SUPPLIED ENTRIES Start Marker

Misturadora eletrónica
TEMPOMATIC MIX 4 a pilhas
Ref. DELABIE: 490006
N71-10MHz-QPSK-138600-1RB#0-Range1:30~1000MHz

SUPPLIED ENTRIES End Marker
SUPPLIED ENTRIES Start Marker

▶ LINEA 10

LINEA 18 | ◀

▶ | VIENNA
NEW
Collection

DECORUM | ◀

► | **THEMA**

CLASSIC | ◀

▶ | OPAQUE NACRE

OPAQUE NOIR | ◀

SUPPLIED ENTRIES End Marker

- EXERCISE DETAILS: Every line above from the line with "Misturadora eletrónica" to the line with "N71-10MHz-QPSK-138600-1RB#0-Range1:30~1000MHz" is wanted, ends included; write them out exactly and add no other line.

- YOUR RESPONSE:
Misturadora eletrónica
TEMPOMATIC MIX 4 a pilhas
Ref. DELABIE: 490006
N71-10MHz-QPSK-138600-1RB#0-Range1:30~1000MHz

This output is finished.